Answer:
Explanation:
Let's first find the total volume of clay used for the cone and the sphere:
For the cone, we need the formula for the volume of a cone: Vcone = (1/3)πr^2h, where r is the radius of the base and h is the height.
Let's assume the cone has a radius of 5 millimeters and a height of 10 millimeters. Then, the volume of the cone is:
Vcone = (1/3)π(5^2)(10) = (1/3)π(250) = 83.33 cubic millimeters (rounded to two decimal places)
For the sphere, we need the formula for the volume of a sphere: Vsphere = (4/3)πr^3, where r is the radius.
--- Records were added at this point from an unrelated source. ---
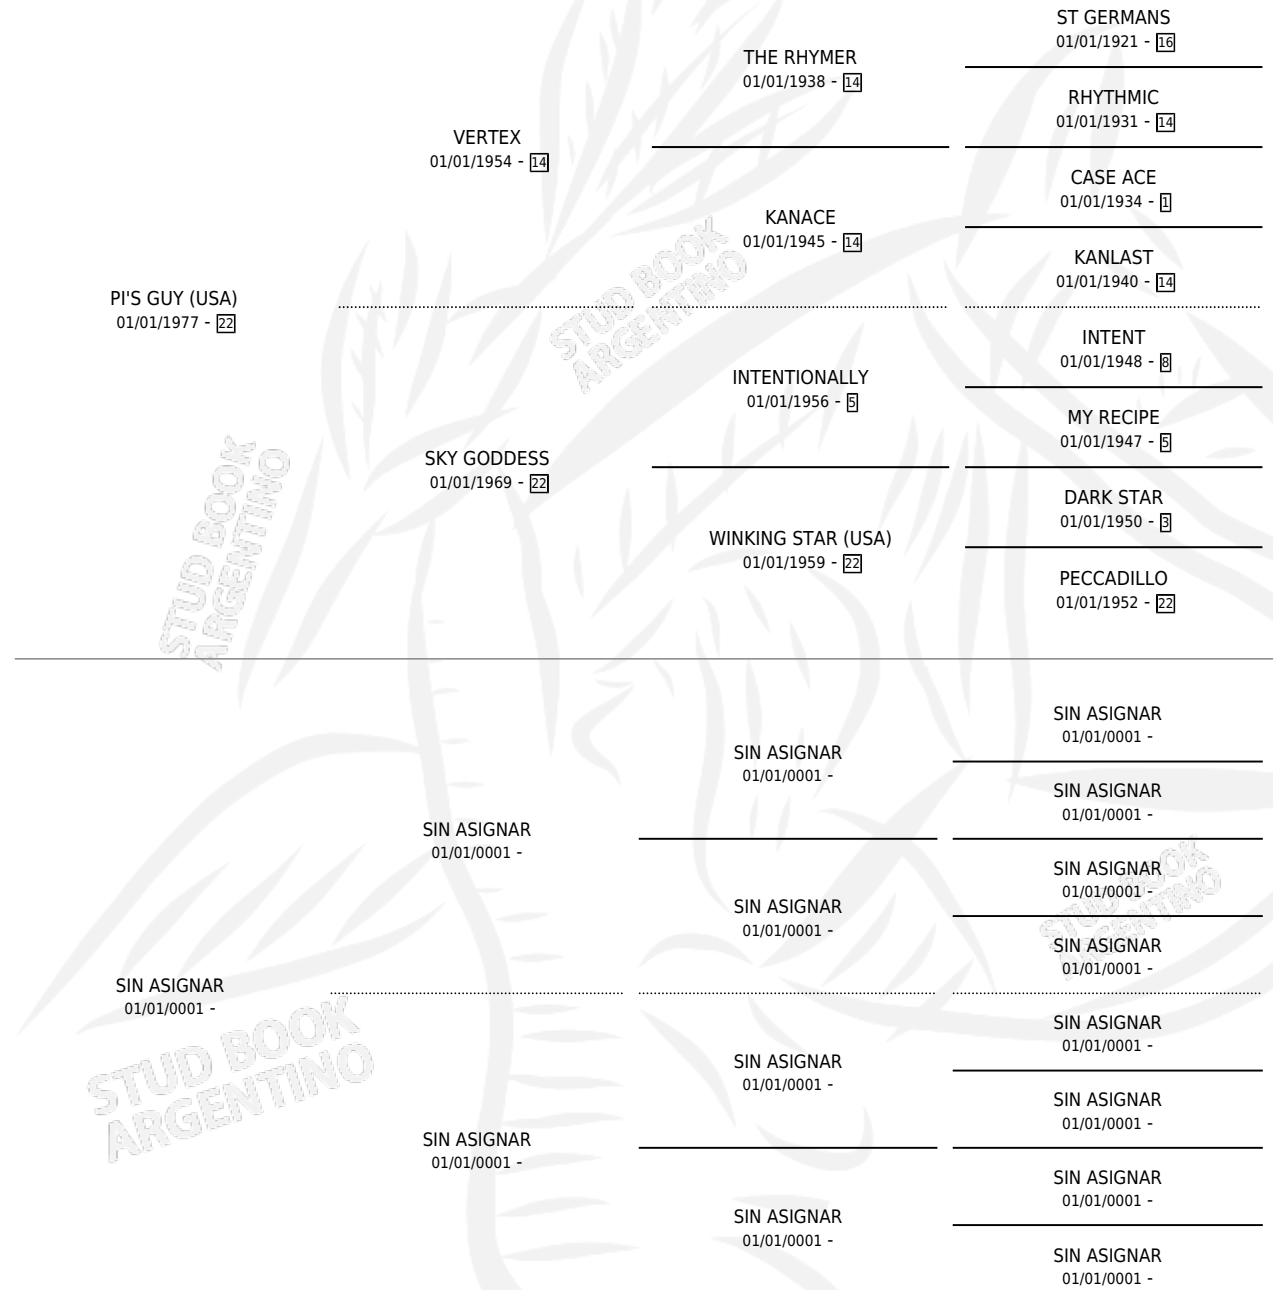

COQUETTISH

por PI'S GUY (USA) y SIN ASIGNAR por SIN ASIGNAR

Argentina · Macho · Alazan · SP · 04/11/1983
Familia · Volumen 31

ESTADO

TIPIFICACIÓN SANGUÍNEA	X
TIPIFICACIÓN POR ADN	X
PASAPORTE	X
IDENTIFICACIÓN POR MICROCHIP	X
REPRODUCTOR	X

Lugar de nacimiento: Campo particular

Criador: Sin dato

PEDIGREE

CAMPAÑA

Solo carreras oficiales de Argentina

POR EDAD

EDAD	CC	1°	2°	3°	4°	5°	NP	CLC	CLG	CLCG1	CLGG1	IMPORTE	GANANCIA / CC
3 AÑOS	1	1	0	0	0	0	0	0	0	0	0	\$0	\$0
5 AÑOS	6	2	1	0	0	1	2	1	0	0	0	\$0	\$0
6 AÑOS	1	0	0	0	0	0	1	0	0	0	0	\$0	\$0
7 AÑOS	3	0	0	0	0	0	3	0	0	0	0	\$0	\$0
TOTALES	11	3	1	0	0	1	6	1	0	0	0	\$0	\$0
%		27.3%	9.1%	0.0%	0.0%	9.1%	54.5%	9.1%	0.0%	0.0%	0.0%

Let's assume the sphere has a radius of 4 millimeters. Then, the volume of the sphere is:
Vsphere = (4/3)π(4^3) = (4/3)π(64) = 268.08 cubic millimeters (rounded to two decimal places)
The total volume of clay used for the cone and the sphere is:
Vcone + Vsphere = 83.33 + 268.08 = 351.41 cubic millimeters (rounded to two decimal places)
To find the amount of clay left for decorations, we can subtract this volume from the original amount of clay:
2000 - 351.41 = 1648.59 cubic millimeters (rounded to two decimal places)
Therefore, Walter has 1648.59 cubic millimeters of clay left for decorations.